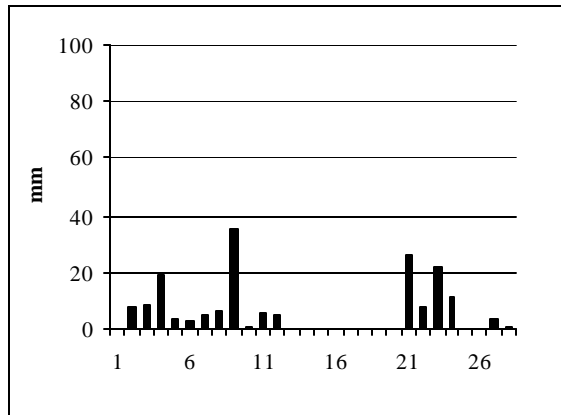

Mount Mansfield Summit: June

Total Daily Precipitation

Mount Mansfield Summit: July

Mount Mansfield Summit: August

Mount Mansfield Summit: September

Mount Mansfield Summit: October

Mount Mansfield Summit: November

Mount Mansfield Summit: December

Total Daily Precipitation

PMRC Air Quality Site: January

PMRC Air Quality Site: February

PMRC Air Quality Site: March

PMRC Air Quality Site: April

PMRC Air Quality Site: May

PMRC Air Quality Site: June

Total Daily Precipitation

PMRC Air Quality Site: July

PMRC Air Quality Site: August

PMRC Air Quality Site: September

PMRC Air Quality Site: October

PMRC Air Quality Site: November

- - -

> _Exercise_:
Set down exactly the lines beginning at the one that holds "PMRC Air Quality Site: June" and ending with the last line of the data.

> _Written reply_:
PMRC Air Quality Site: June

Total Daily Precipitation

PMRC Air Quality Site: July

PMRC Air Quality Site: August

PMRC Air Quality Site: September

PMRC Air Quality Site: October

PMRC Air Quality Site: November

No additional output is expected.